Records excerpted from a collection
= = = = =

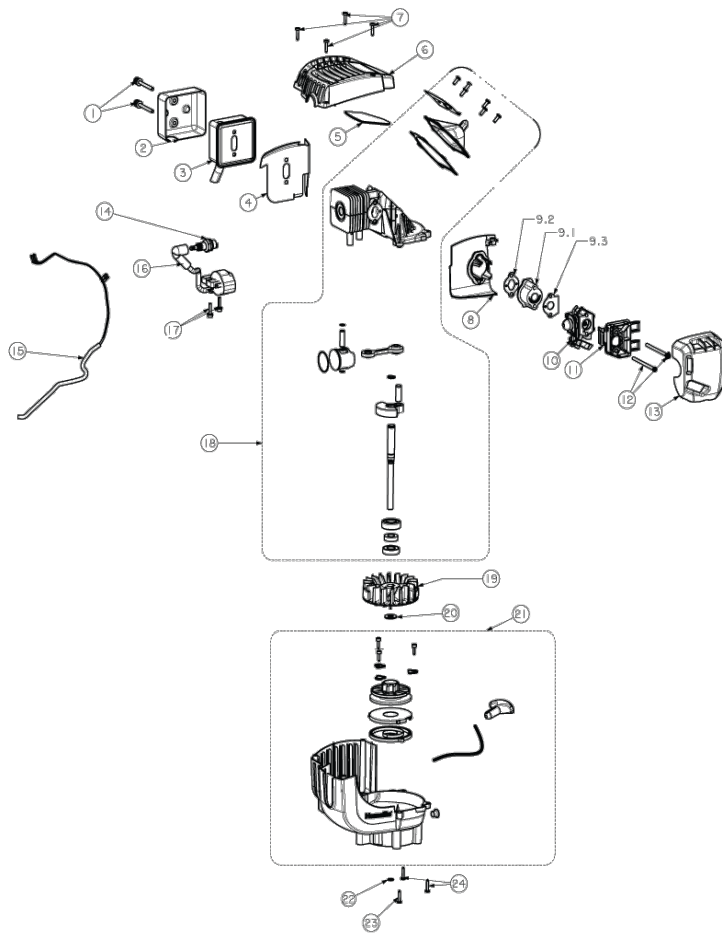

HBL26BVB 26CC BLOWER VAC XXX

5134000149 - HBL26BVB - 4000444230

Homelite

HBL26BVB

Position	Quantity	Description	Part number	EAN
1_001	1	HANDLE	5131027679	4058546113698
1_001.3	1	CABLE	5131027411	4058546112905
1_001.4	1	SCREW	5131011565	4058546056667
1_001.5	1	SPRING	5131000000	
1_001.6	1	WASHER	5131000000	
1_001.8	2	SWITCH	5131016261	4058546103668
1_002.1	3	SCREW	5131011556	4058546098476
1_002.2	1	TANK	5131008602	4058546093198
1_002.3	1	FUEL CAP	5131020281	4058546109738
1_003	1	TUBE	5131027423	4058546113001
1_004	1	DISTANCE PIECE	5131001821	4058546083380
1_005	1	HOUSING	5131027422	4058546112998
1_005.2	4	SCREW	5131000000	
1_005.3	2	SCREW	5131011474	4058546098032
1_005.4	1	COVER	5131027430	4058546178178
1_005.5	1	SWITCH	5131027419	4058546112967
1_006	1	SCREW	5131017786	4058546040901
1_007	1	KNOB	5131000000	
1_008	1	BRACKET	5131027680	4058546113704
1_009	1	SQUARE NUT HBP 30	5131000000	
1_010	4	SCREW	5131001859	4058546083588
1_011	1	SCREW	5131011558	4058546098483
1_012	1	FAN WING	5131000752	4058546078850
1_013	2	WASHER	5131017654	4058546105952
1_014	1	NUT	5131001016	4058546080501
1_015	1	Curve tube	5131027420	4058546112974
1_016	1	HOUSING	5131027421	4058546112981
1_016.2	1	COVER	5131000000	
1_016.3	1	SWITCH	5131027693	4058546113773
1_016.4	2	NUT RBL26BV	5131000000	
1_017	2	CIRCLIP	5131000000	
1_018	1	DOOR	5131000000	
1_019	1	SCREW	5131000000	
1_020	1	BOLT	5131000000	
1_021	1	CIRCLIP	5131000000	
1_022	1	SPRING	5131000000	
1_023	1	SCREW HBL26BV	5131000000	
1_024	11	SCREW	5131000996	4058546080372
1_025.01	1	TUBE	5131041246	4058546065102
1_025.02	1	TUBE	5131027431	4058546113049
1_041	4	SCREW	5131011474	4058546098032
2_001	2	SCREW	5131001007	4058546080457
2_002	1	COVER	5131000000	
2_003	1	SILENCER	5131000000	
2_004	1	GASKET	5131001947	4058546083830
2_005	1	GASKET	5131000000	
2_006	1	COVER	5131000000	
2_007	4	SCREW	5131011474	4058546098032
2_008	1	CONNECTION	5131001750	4058546056728
2_009.1	1	KNIFE PROTECTION	5131009178	4058546094119
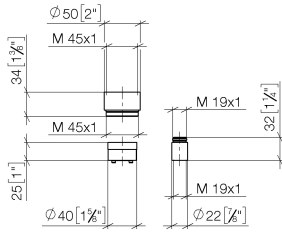

Extension 25 mm -

12 190 970 90

- up to 25 mm: 1 x 12 190 970 90
- 26 mm - 50 mm: 2 x 12 190 970 90

for concealed single-lever shower and bath mixer 36
02X SSS-FF

Extension 25 mm -

12 190 970 90

mm [inches]

Extension 25 mm -

12 190 970 90

12 190 970 90

Spare parts list

No.	Item Number	Name	Quantity used	Delivery time
1	09 17 01 191 90	sleeve	1	2
2	09 14 10 210 90	seal	1	2
3	09 30 11 186 90	disc	1	2
4	09 14 03 160 90	seal	2	2
5	09 14 10 047 90	seal	1	2
6	09 17 01 192 90	sleeve	1	2

= = = = =

YOUR ASSIGNMENT » With the pictures left out, write out all of the data exactly.

TASK SOLUTION »
HBL26BVB 26CC BLOWER VAC XXX

5134000149 - HBL26BVB - 4000444230

Homelite

HBL26BVB

Position	Quantity	Description	Part number	EAN
1_001	1	HANDLE	5131027679	4058546113698
1_001.3	1	CABLE	5131027411	4058546112905
1_001.4	1	SCREW	5131011565	4058546056667
1_001.5	1	SPRING	5131000000	
1_001.6	1	WASHER	5131000000	
1_001.8	2	SWITCH	5131016261	4058546103668
1_002.1	3	SCREW	5131011556	4058546098476
1_002.2	1	TANK	5131008602	4058546093198
1_002.3	1	FUEL CAP	5131020281	4058546109738
1_003	1	TUBE	5131027423	4058546113001
1_004	1	DISTANCE PIECE	5131001821	4058546083380
1_005	1	HOUSING	5131027422	4058546112998
1_005.2	4	SCREW	5131000000	
1_005.3	2	SCREW	5131011474	4058546098032
1_005.4	1	COVER	5131027430	4058546178178
1_005.5	1	SWITCH	5131027419	4058546112967
1_006	1	SCREW	5131017786	4058546040901
1_007	1	KNOB	5131000000	
1_008	1	BRACKET	5131027680	4058546113704
1_009	1	SQUARE NUT HBP 30	5131000000	
1_010	4	SCREW	5131001859	4058546083588
1_011	1	SCREW	5131011558	4058546098483
1_012	1	FAN WING	5131000752	4058546078850
1_013	2	WASHER	5131017654	4058546105952
1_014	1	NUT	5131001016	4058546080501
1_015	1	Curve tube	5131027420	4058546112974
1_016	1	HOUSING	5131027421	4058546112981
1_016.2	1	COVER	5131000000	
1_016.3	1	SWITCH	5131027693	4058546113773
1_016.4	2	NUT RBL26BV	5131000000	
1_017	2	CIRCLIP	5131000000	
1_018	1	DOOR	5131000000	
1_019	1	SCREW	5131000000	
1_020	1	BOLT	5131000000	
1_021	1	CIRCLIP	5131000000	
1_022	1	SPRING	5131000000	
1_023	1	SCREW HBL26BV	5131000000	
1_024	11	SCREW	5131000996	4058546080372
1_025.01	1	TUBE	5131041246	4058546065102
1_025.02	1	TUBE	5131027431	4058546113049
1_041	4	SCREW	5131011474	4058546098032
2_001	2	SCREW	5131001007	4058546080457
2_002	1	COVER	5131000000	
2_003	1	SILENCER	5131000000	
2_004	1	GASKET	5131001947	4058546083830
2_005	1	GASKET	5131000000	
2_006	1	COVER	5131000000	
2_007	4	SCREW	5131011474	4058546098032
2_008	1	CONNECTION	5131001750	4058546056728
2_009.1	1	KNIFE PROTECTION	5131009178	4058546094119

Extension 25 mm -

12 190 970 90

- up to 25 mm: 1 x 12 190 970 90
- 26 mm - 50 mm: 2 x 12 190 970 90

for concealed single-lever shower and bath mixer 36
02X SSS-FF

Extension 25 mm -

12 190 970 90

mm [inches]

Extension 25 mm -

12 190 970 90

12 190 970 90

Spare parts list

No.	Item Number	Name	Quantity used	Delivery time
1	09 17 01 191 90	sleeve	1	2
2	09 14 10 210 90	seal	1	2
3	09 30 11 186 90	disc	1	2
4	09 14 03 160 90	seal	2	2
5	09 14 10 047 90	seal	1	2
6	09 17 01 192 90	sleeve	1	2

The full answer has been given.